> What the task requires: Would you please give the entries again word for word, with no images in your copy?

> Task inputs:
☆ ☆ ☆ ☆

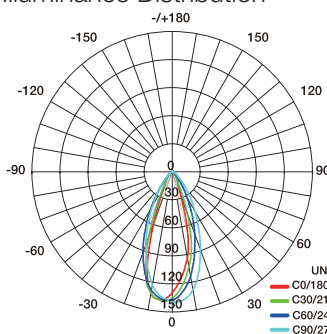

# SFW20 Multi Color RGB Silicone Flexible LED Wall Grazer

SFW20-24V-3535-24-RGB

Specification

Dimension

Optional LENSs Distribution

Technical Parameters

Electrical	
Input Voltage	24V DC
Power Consumption	18W/m
Physical	
LED Count	24 LEDs/m
Cutting Unit	6 LEDs
Cutting Unit Length	250mm
Mini. Curvature Radius:	250mm
Output	
LED Light	Epistar SMD LED 3535
CRI	>80
Max. Length Single Feed	4 M
Optional Lens	20°, 25°, 38°, 60°, 20°x40°
Lumen Maintenance	70,000 Hours L70 @ 25°C 50,000 Hours L70 @ 50°C
Temperature Ranges	
Installation	0°C to 50°C
Operating	-40°C to 55°C
Dependability	
Warranty	5 Years Warranty
IP Rating	IP68

Emitting Color

Illuminance Distribution
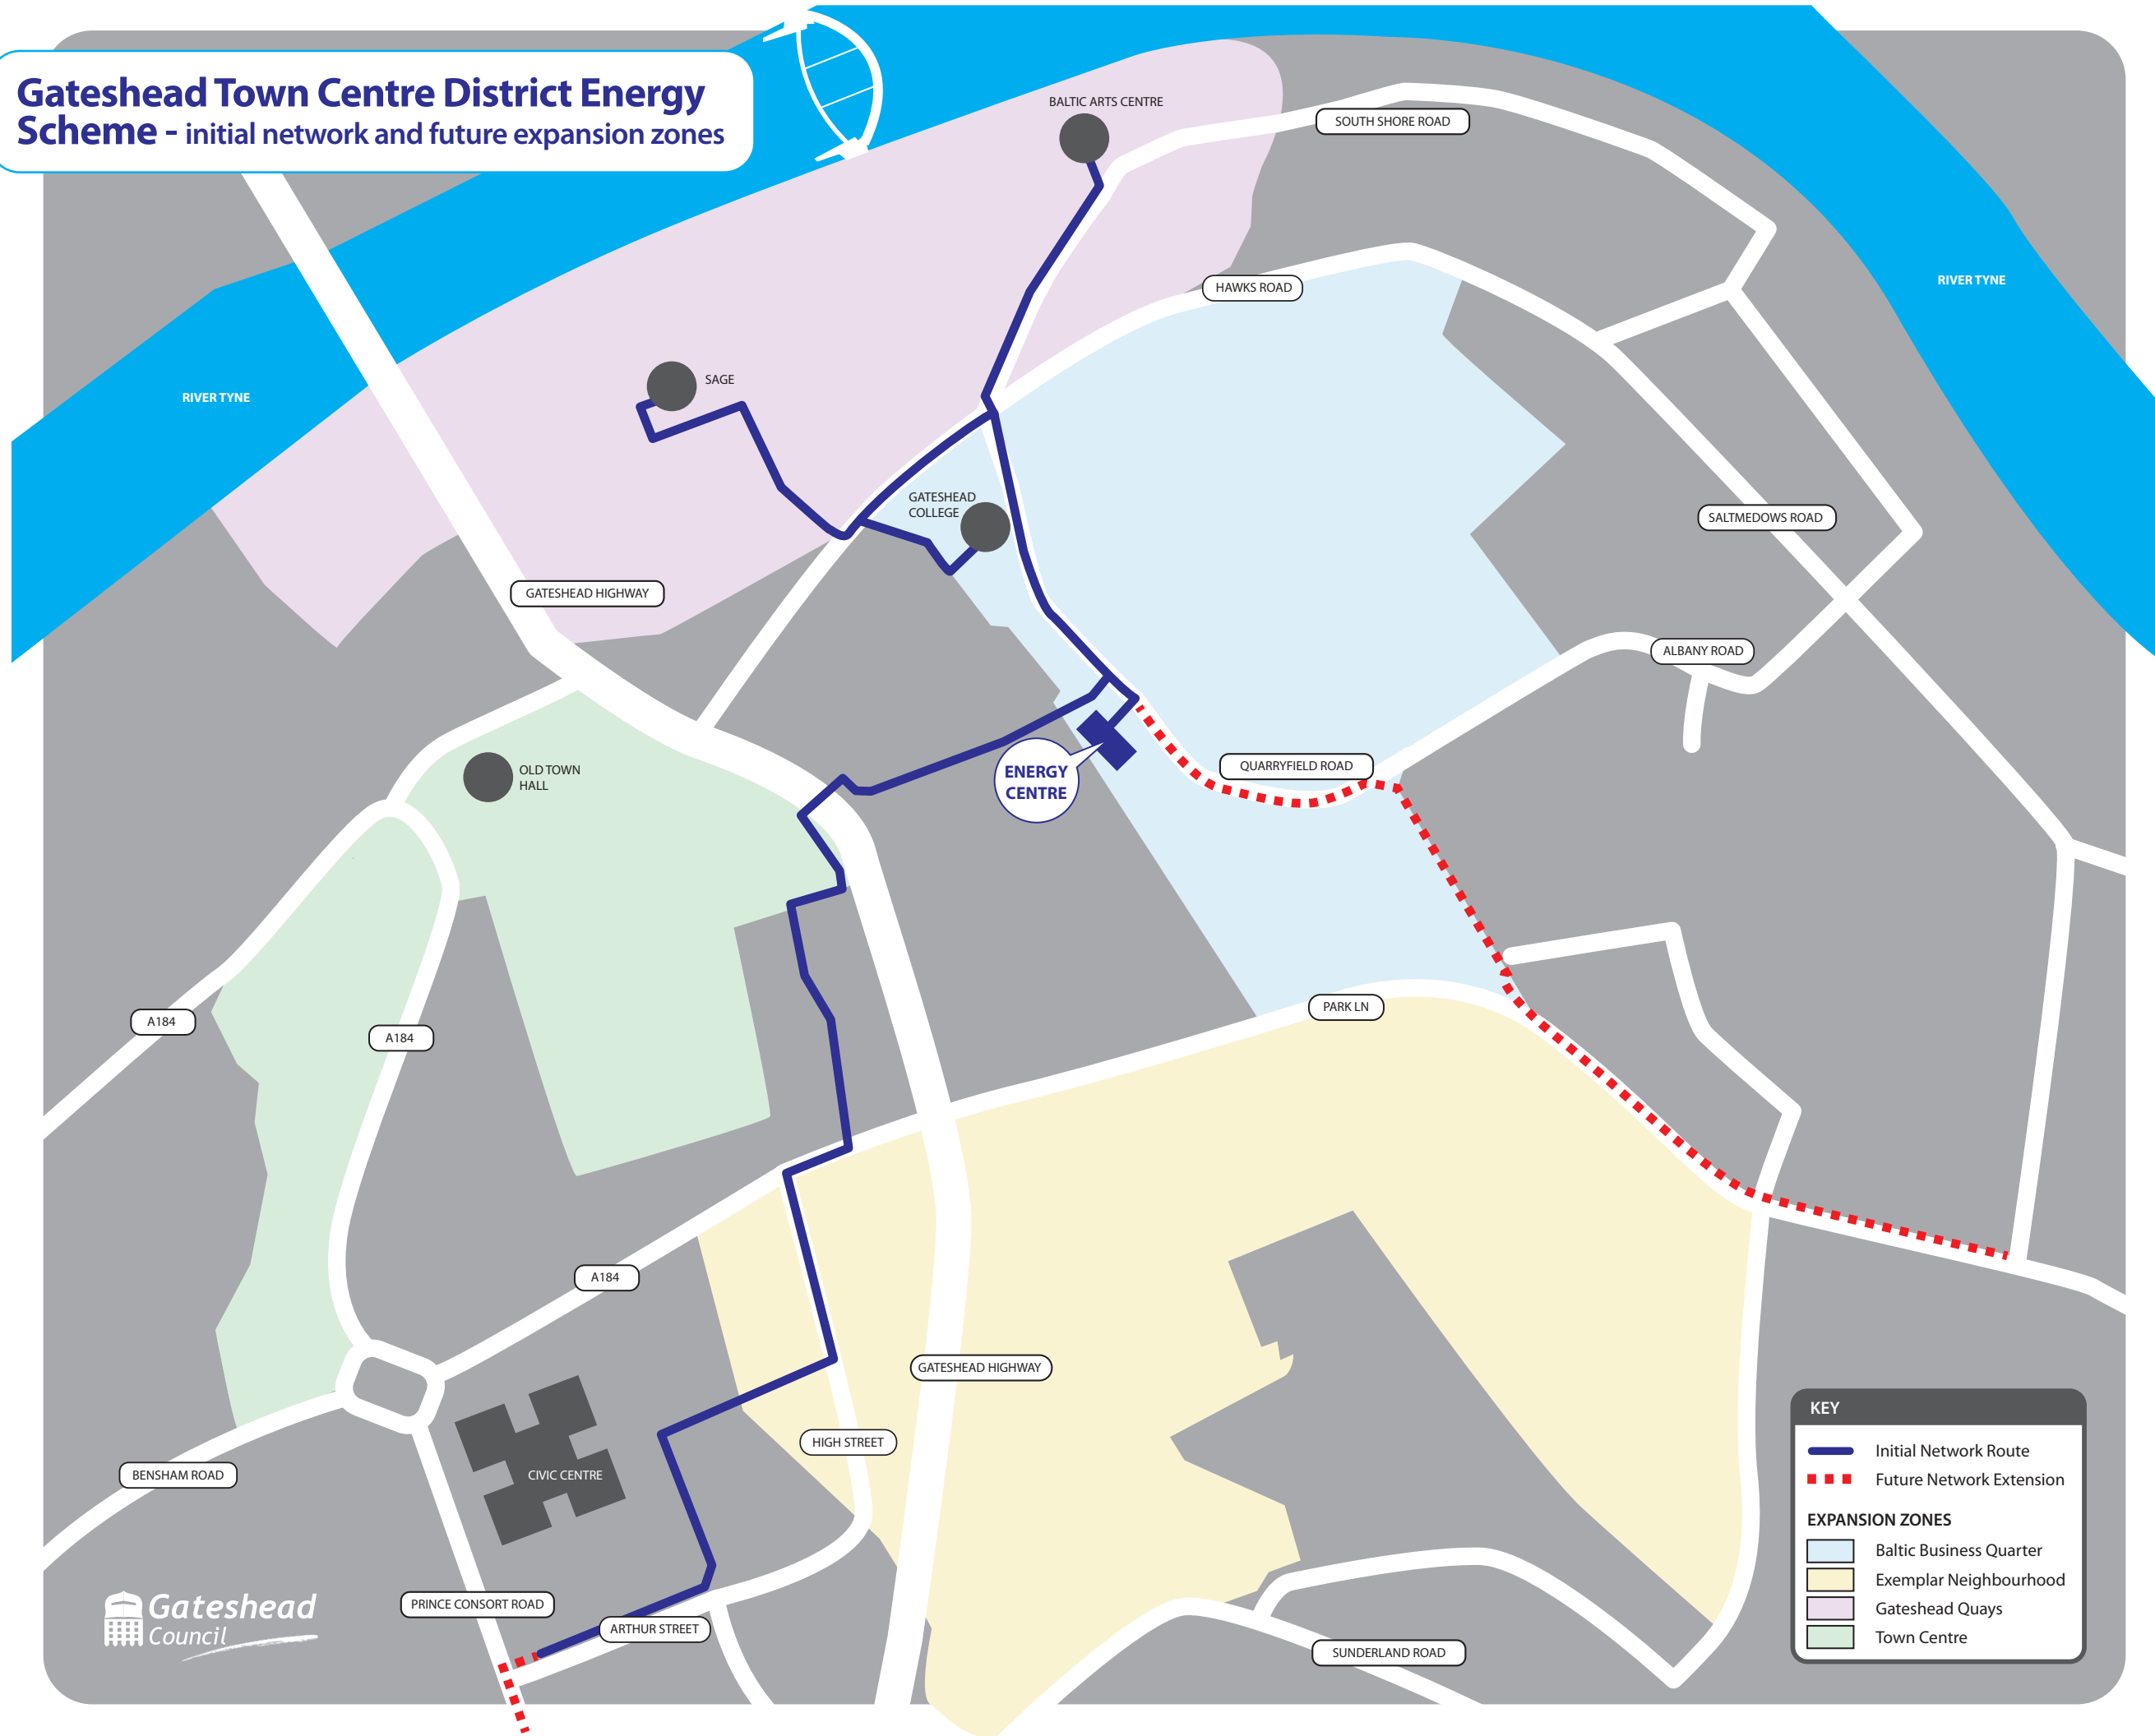

Gateshead Town Centre District Energy Scheme - initial network and future expansion zones

KEY

- Initial Network Route
- Future Network Extension

EXPANSION ZONES

- Baltic Business Quarter
- Exemplar Neighbourhood
- Gateshead Quays
- Town Centre

☆ ☆ ☆ ☆

> Your response:
# SFW20 Multi Color RGB Silicone Flexible LED Wall Grazer

SFW20-24V-3535-24-RGB

Specification

Dimension

Optional LENSs Distribution

Technical Parameters

Electrical	
Input Voltage	24V DC
Power Consumption	18W/m
Physical	
LED Count	24 LEDs/m
Cutting Unit	6 LEDs
Cutting Unit Length	250mm
Mini. Curvature Radius:	250mm
Output	
LED Light	Epistar SMD LED 3535
CRI	>80
Max. Length Single Feed	4 M
Optional Lens	20°, 25°, 38°, 60°, 20°x40°
Lumen Maintenance	70,000 Hours L70 @ 25°C 50,000 Hours L70 @ 50°C
Temperature Ranges	
Installation	0°C to 50°C
Operating	-40°C to 55°C
Dependability	
Warranty	5 Years Warranty
IP Rating	IP68

Emitting Color

Illuminance Distribution

Gateshead Town Centre District Energy Scheme - initial network and future expansion zones

KEY

- Initial Network Route
- Future Network Extension

EXPANSION ZONES

- Baltic Business Quarter
- Exemplar Neighbourhood
- Gateshead Quays
- Town Centre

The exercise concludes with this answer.